Aim of the task: Check each line of the data for "voltage" and select those that have it.

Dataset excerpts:
=-=-=
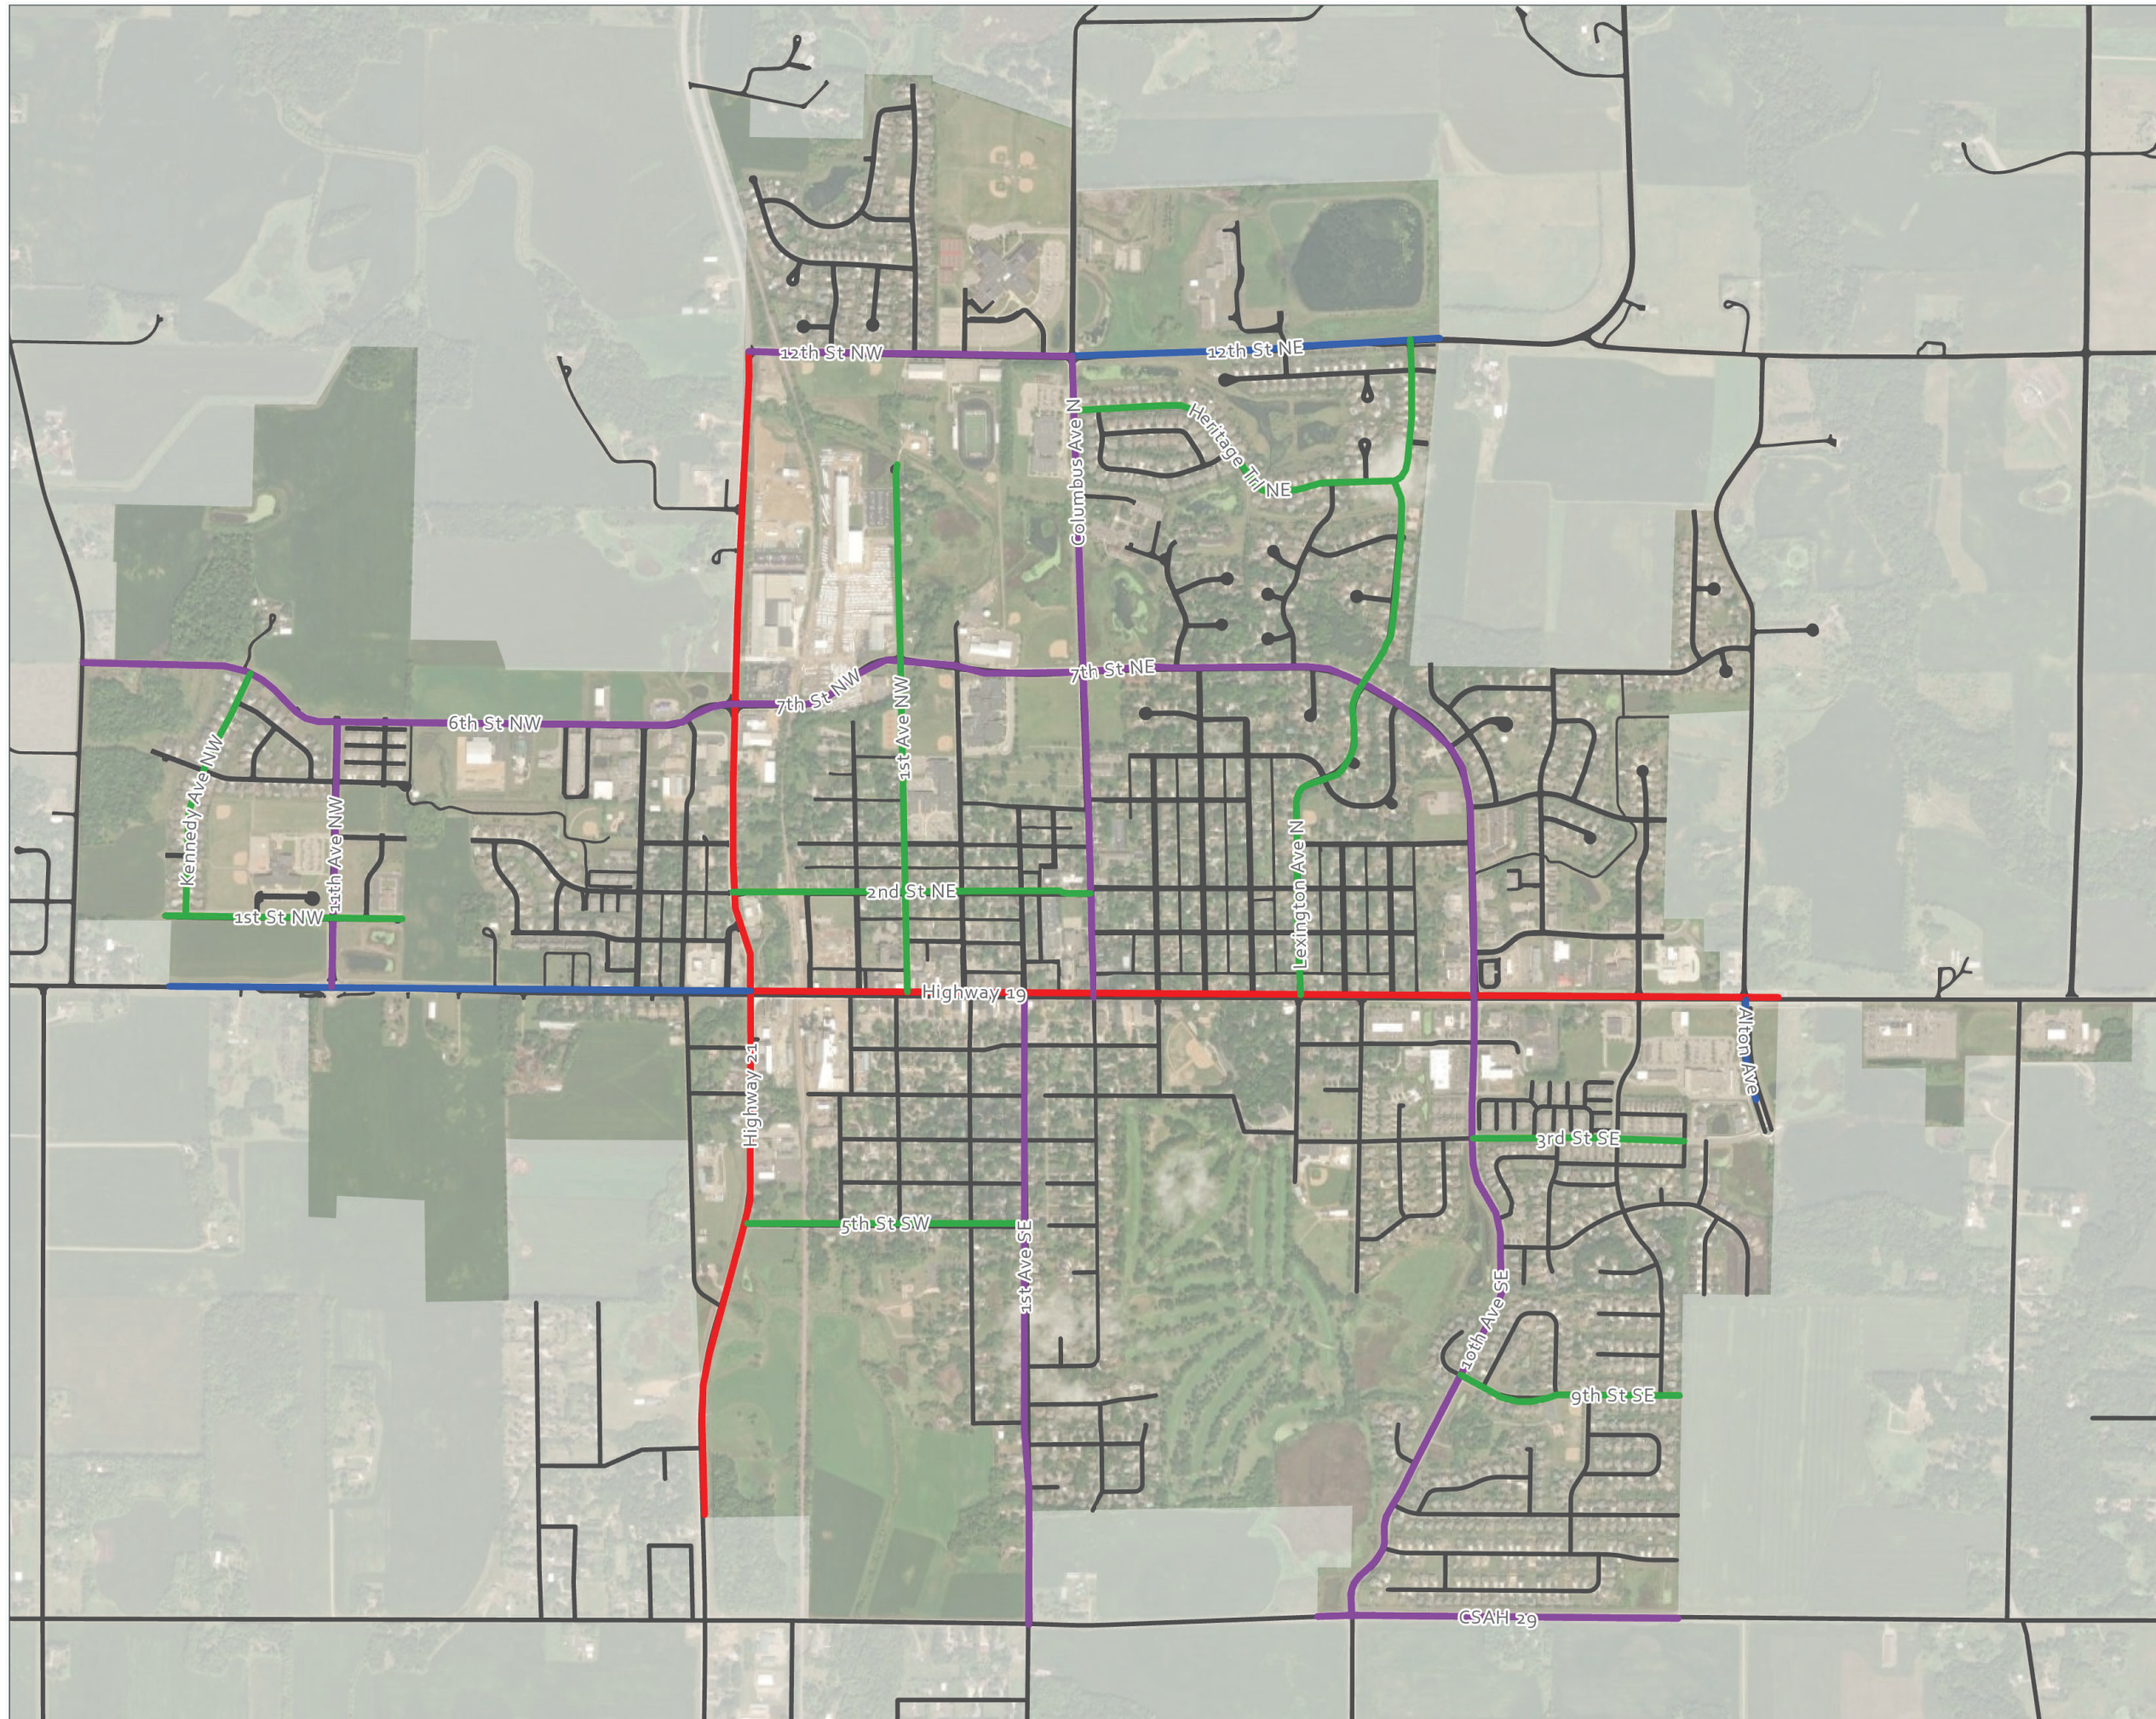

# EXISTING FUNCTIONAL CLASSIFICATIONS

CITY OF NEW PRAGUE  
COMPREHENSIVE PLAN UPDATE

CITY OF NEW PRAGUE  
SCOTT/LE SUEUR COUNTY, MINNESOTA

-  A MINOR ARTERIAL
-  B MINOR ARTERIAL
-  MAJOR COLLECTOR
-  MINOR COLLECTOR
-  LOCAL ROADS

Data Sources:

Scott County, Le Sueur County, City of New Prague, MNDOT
=-=-=
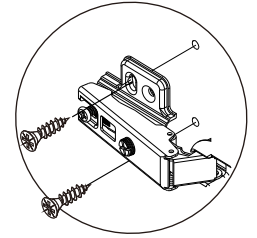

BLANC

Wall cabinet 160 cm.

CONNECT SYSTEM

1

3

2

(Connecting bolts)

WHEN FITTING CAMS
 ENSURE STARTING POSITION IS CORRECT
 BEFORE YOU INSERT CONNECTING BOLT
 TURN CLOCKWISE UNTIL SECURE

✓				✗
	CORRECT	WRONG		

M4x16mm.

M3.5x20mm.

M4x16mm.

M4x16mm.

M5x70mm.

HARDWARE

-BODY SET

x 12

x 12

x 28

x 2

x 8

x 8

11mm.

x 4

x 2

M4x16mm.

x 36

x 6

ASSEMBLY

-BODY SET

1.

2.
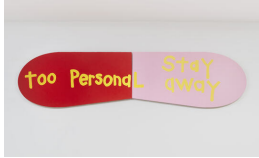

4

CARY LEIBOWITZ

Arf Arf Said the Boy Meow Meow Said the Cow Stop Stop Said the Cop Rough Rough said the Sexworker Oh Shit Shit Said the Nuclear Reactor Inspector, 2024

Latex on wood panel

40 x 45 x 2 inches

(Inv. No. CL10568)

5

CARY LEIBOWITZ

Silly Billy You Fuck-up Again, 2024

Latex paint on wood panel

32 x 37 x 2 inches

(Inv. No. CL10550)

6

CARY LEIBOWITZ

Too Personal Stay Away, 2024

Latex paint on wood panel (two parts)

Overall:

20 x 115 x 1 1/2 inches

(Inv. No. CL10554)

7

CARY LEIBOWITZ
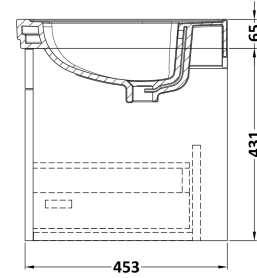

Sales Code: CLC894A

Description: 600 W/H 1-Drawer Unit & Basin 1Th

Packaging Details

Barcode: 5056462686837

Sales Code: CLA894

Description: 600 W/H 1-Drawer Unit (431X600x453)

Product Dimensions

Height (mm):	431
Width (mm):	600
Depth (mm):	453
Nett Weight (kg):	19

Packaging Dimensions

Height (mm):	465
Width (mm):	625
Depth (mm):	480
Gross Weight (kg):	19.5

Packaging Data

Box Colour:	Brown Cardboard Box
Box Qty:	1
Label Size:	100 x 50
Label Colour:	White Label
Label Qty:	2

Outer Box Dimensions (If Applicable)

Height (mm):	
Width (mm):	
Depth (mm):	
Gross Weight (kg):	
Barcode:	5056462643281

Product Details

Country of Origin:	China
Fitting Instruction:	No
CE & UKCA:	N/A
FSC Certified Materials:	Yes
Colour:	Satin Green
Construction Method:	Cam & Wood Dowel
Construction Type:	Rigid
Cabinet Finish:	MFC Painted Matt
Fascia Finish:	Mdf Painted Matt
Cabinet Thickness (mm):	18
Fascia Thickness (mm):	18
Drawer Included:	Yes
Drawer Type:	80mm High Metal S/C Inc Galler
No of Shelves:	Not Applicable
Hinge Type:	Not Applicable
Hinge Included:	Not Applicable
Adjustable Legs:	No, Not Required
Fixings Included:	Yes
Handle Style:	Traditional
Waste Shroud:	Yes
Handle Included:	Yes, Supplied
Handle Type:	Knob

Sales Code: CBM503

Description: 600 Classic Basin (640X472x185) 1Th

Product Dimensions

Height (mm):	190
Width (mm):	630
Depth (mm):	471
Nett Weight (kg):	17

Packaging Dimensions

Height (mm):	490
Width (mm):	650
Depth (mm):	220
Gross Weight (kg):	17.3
=-=-=
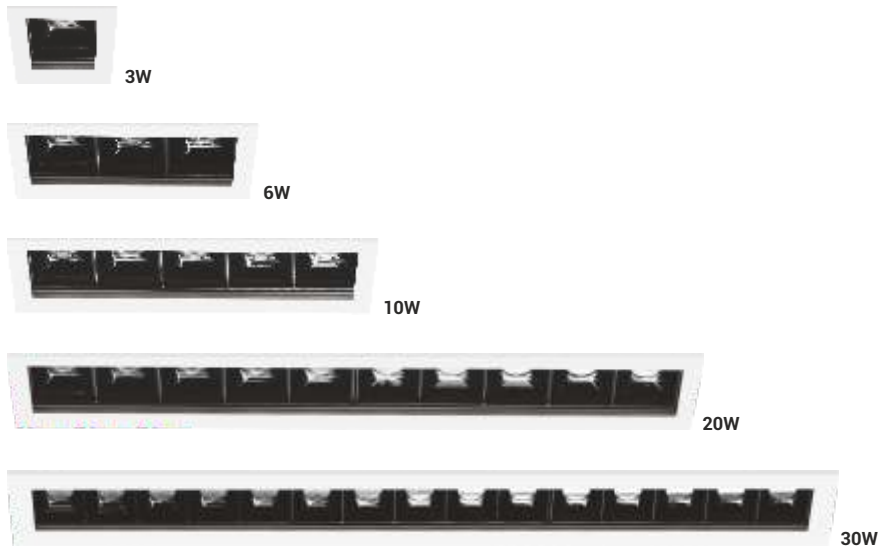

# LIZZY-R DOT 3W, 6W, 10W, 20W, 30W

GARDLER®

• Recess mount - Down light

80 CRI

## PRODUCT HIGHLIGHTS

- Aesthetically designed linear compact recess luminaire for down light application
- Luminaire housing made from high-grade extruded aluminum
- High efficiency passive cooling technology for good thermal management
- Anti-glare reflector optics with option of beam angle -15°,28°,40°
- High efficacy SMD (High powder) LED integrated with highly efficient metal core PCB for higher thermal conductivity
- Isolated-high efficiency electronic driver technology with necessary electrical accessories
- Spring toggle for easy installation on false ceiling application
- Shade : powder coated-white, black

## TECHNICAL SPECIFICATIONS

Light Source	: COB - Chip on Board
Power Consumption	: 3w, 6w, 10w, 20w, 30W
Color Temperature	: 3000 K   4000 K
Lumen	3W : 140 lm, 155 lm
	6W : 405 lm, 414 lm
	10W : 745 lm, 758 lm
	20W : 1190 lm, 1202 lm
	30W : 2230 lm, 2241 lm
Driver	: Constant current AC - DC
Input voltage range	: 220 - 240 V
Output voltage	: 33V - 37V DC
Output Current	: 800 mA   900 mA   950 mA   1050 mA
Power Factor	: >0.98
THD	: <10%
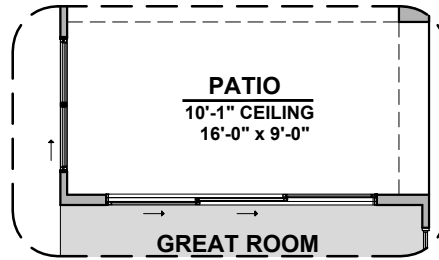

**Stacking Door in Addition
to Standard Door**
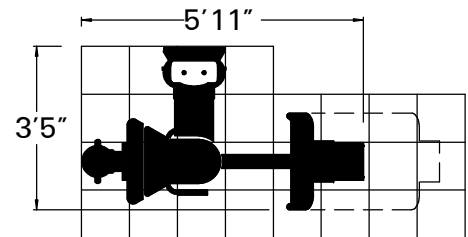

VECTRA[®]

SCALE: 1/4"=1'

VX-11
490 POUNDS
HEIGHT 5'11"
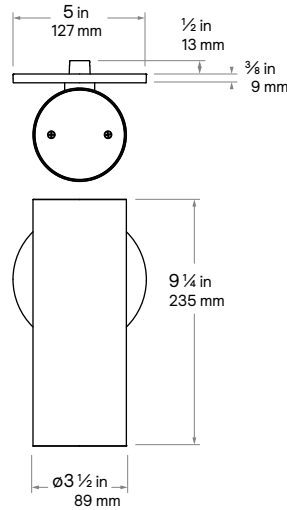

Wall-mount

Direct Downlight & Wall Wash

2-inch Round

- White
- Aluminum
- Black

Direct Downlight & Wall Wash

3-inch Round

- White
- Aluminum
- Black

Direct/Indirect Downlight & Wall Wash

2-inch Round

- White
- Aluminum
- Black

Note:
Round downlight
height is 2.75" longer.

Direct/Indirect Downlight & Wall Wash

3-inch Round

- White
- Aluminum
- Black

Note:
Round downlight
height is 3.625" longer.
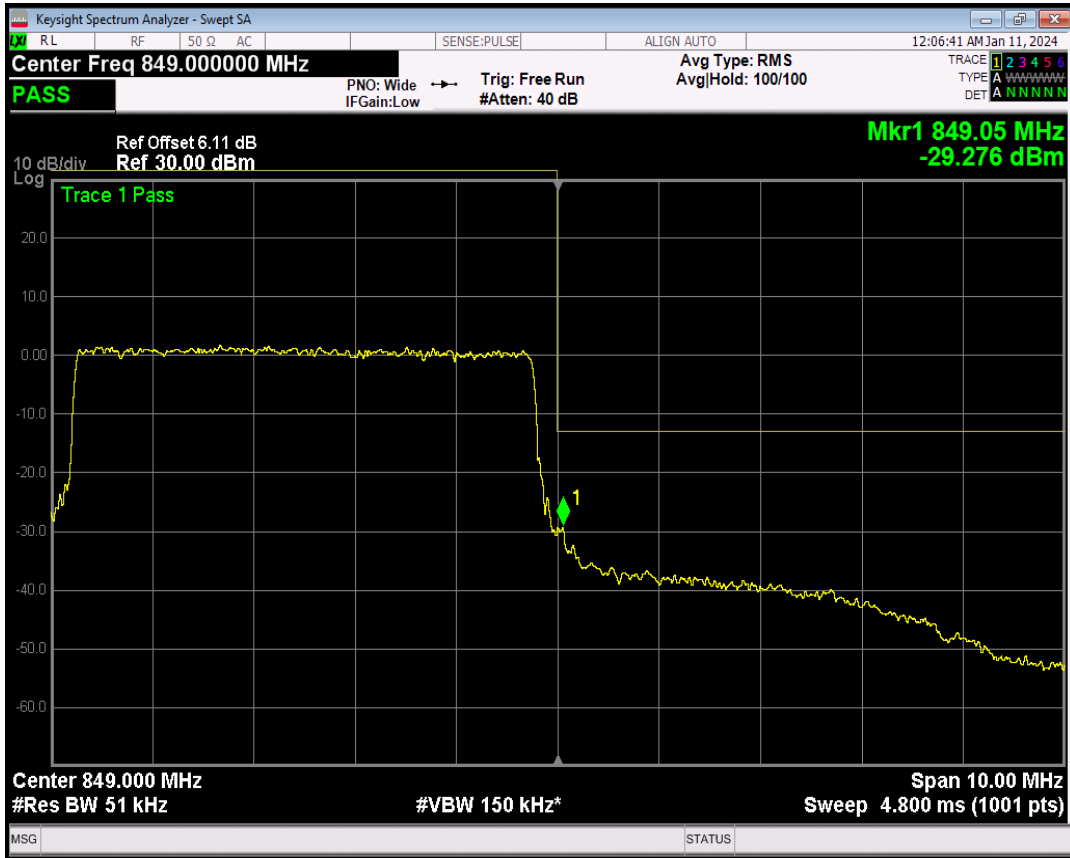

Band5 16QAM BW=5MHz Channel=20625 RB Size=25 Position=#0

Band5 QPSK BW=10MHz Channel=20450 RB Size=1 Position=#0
=-=-=
Your response:
Input voltage range	: 220 - 240 V
Output voltage	: 33V - 37V DC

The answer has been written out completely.